6.0 LifeQuest Content

6.1 The LifeQuest Database

LifeQuest contains over 16 million patent documents coming from a long list of patent authorities. The large majority are full text. We provide machine translations for non-English documents, however the PDFs are in the original language.

The database consists of documents that were carefully chosen to belong to the domain of biology. To determine biology relatedness, we examined patent documents from life science companies in a wide variety of domains from pharma to med tech to agrochemical to food and cosmetics, we extracted all the CPC/IPCR codes from our GQ-Pat sequence database, and finally we carefully examined the CPC classification documentation. We chose the broadest interpretation of biology while attempting to avoid most non-pharmaceutical chemistry.

From the CPC codes, we then selected the equivalent IPCR and ECLA codes. We attempted to find the equivalent US codes, but the CPC to US codes pages provided by the USPTO are flawed and can be erroneous.

To obtain documents based on their CPC, IPCR and ECLA codes, we selected all documents with those codes, but also all documents in the same tight family. This helps us be thorough since assignment of classification codes to documents is done differently by different authorities.

6.1.1 CPC Codes Included

The complete table of classes contained in LifeQuest is available upon request to customers and potential customers.

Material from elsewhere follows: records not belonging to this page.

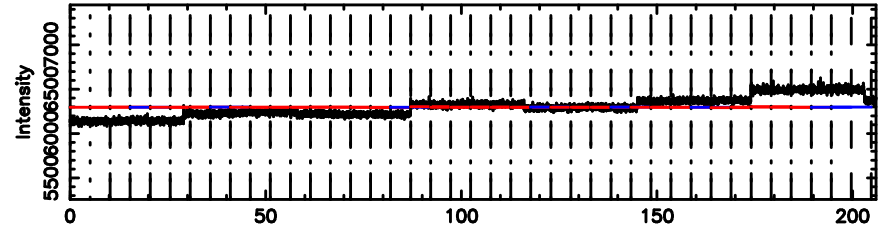

KISO

No.Good Data

1355+01 2023/08/09 7.66UT FUJI -KISO

T20230809165854

BLK: 8,SNR1: 0.14839 ,SNR2: 1.0322

Frequency (Hz)

3C298 2023/08/09 8.01UT TOYOKAWA-FUJI

F20230809165856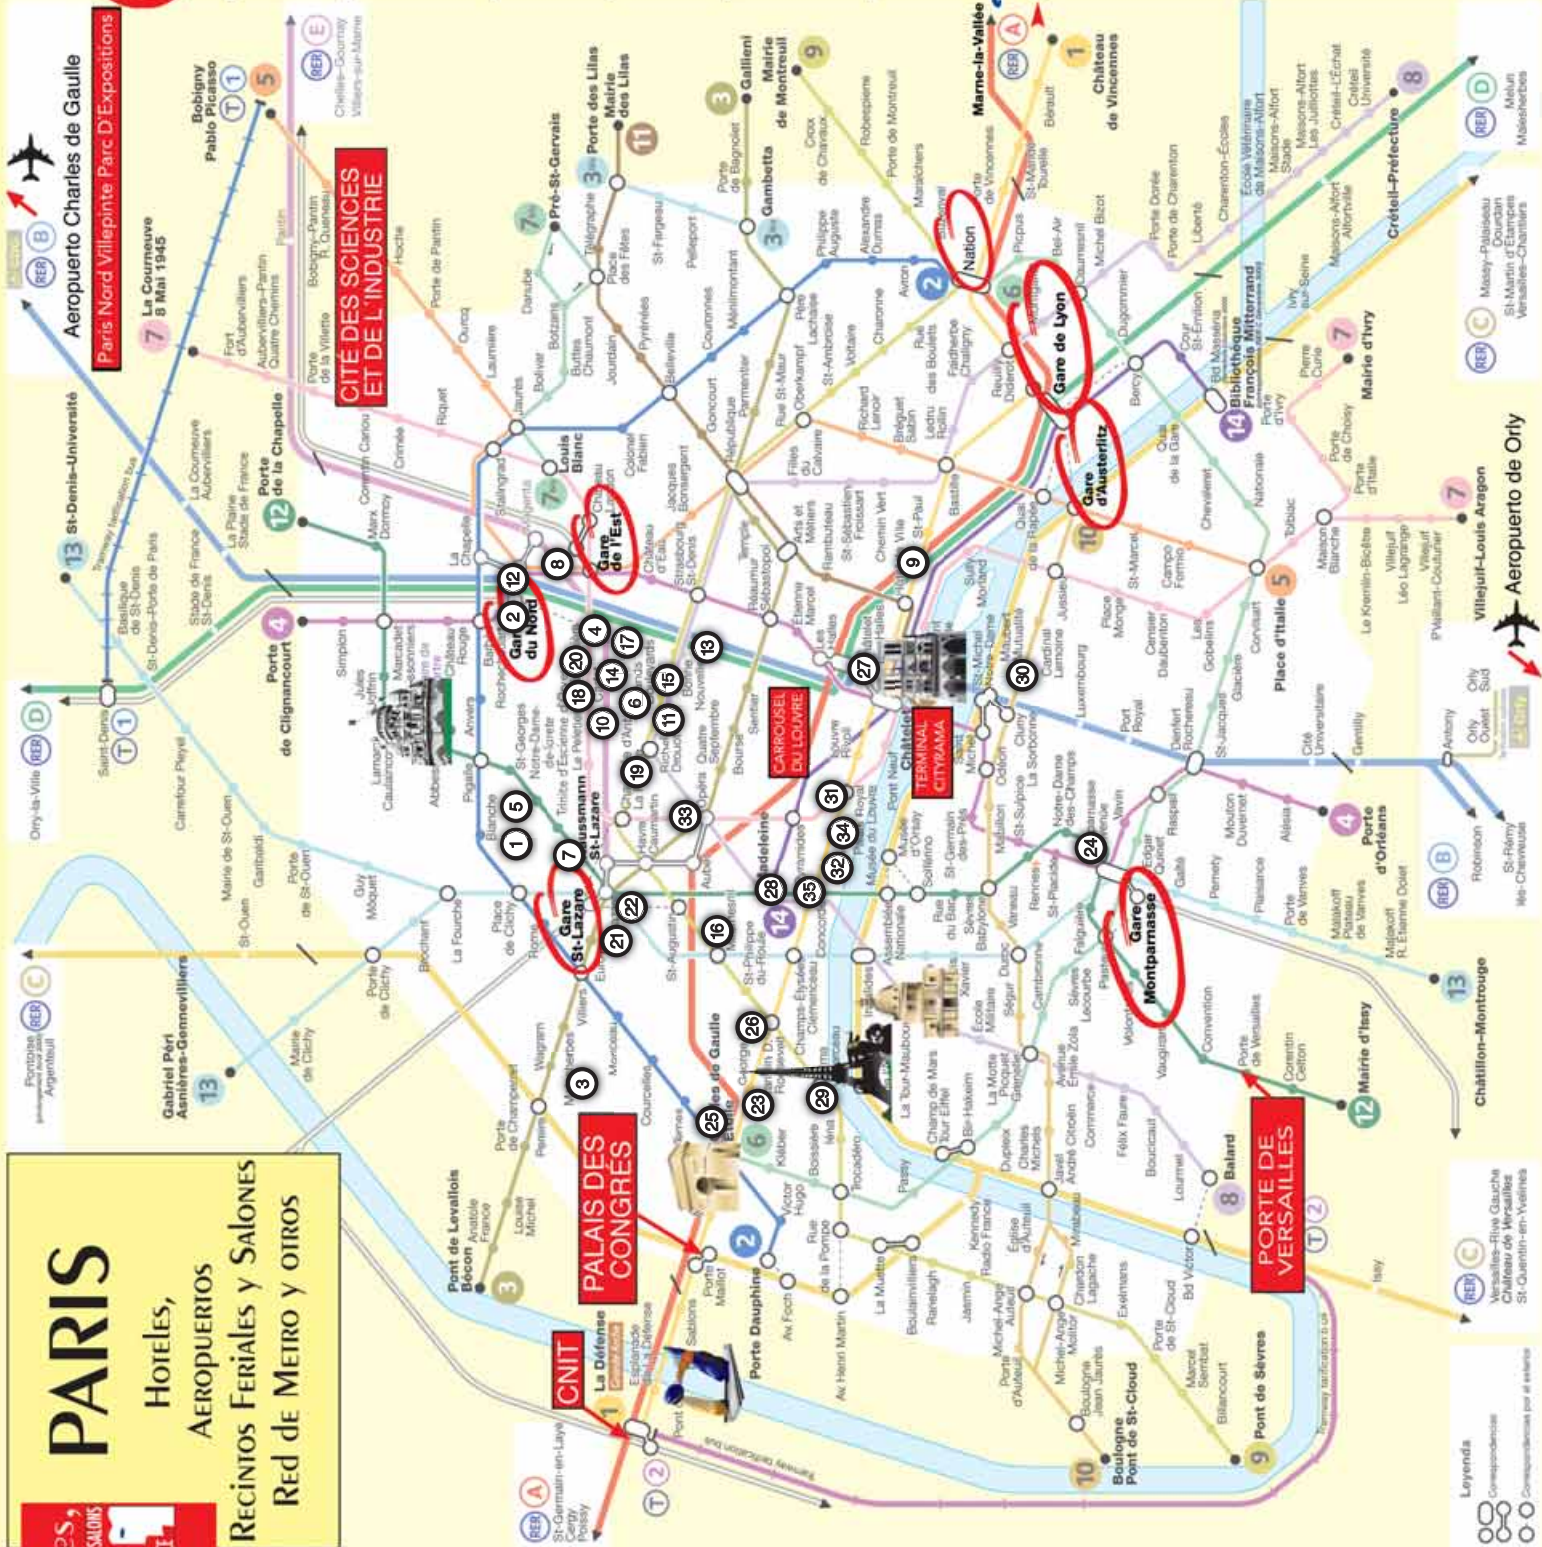

# Recintos Feriales, Salones y Exposiciones

- CNIT  
2, Place de la Défense  
92053 París
- PALAIS DES CONGRÈS  
2, Place de la Porte  
Maillot  
75017 París
- PARIS EXPO-PORTE  
DE VERSAILLES  
Porte de Versailles  
75015 París
- CITÉ DES SCIENCES  
ET DE L'INDUSTRIE  
Porte de la Villette  
75019 París
- CARROUSEL DU  
LOUVRE  
99, Rue de Rivoli  
75039 París
- PARC D'EXPOSITIONS  
Nord Villepinte  
92053 París

# PARIS

HOTÉLES,  
AEROPUERTOS  
RECINTOS FERIALES Y SALONES  
RED DE METRO Y OTROS

## LEYENDA

Estaciones de tren

Apartamentos

Hoteles

LEYENDA  
 Estaciones de tren  
 Apartamentos  
 Hoteles

## ESTACIONES DE TREN

- GARE DE LYON  
Llegada/Salida:  
a Suiza e Italia.
- GARE DU NORD  
Llegada/Salida:  
a Países Bajos  
y Eurostar a Londres.
- GARE D'AUSTERLITZ  
Llegada/Salida:  
España.
- MONTPARNASSE  
Llegada/Salida:  
España (Hendaya) y Sur-Oeste.
- ST. LAZARE  
Llegada/Salida:  
Doméstico, Long Courier y  
Norte.
- GARE DE L'EST  
Llegada/Salida:  
Estrasburgo (Alemania).

The most common classes in LifeQuest are:

  • A61 which concerns medical science
  • C07D and C07K which are about heterocyclic compounds and peptides
  • C12 which is about biochemistry, genetic engineering and wine/beer

Please send an email to [email protected] to request the full list of CPC codes in LifeQuest.

6.1.2 Document Counts by Authority upon Initial Release (will be updated)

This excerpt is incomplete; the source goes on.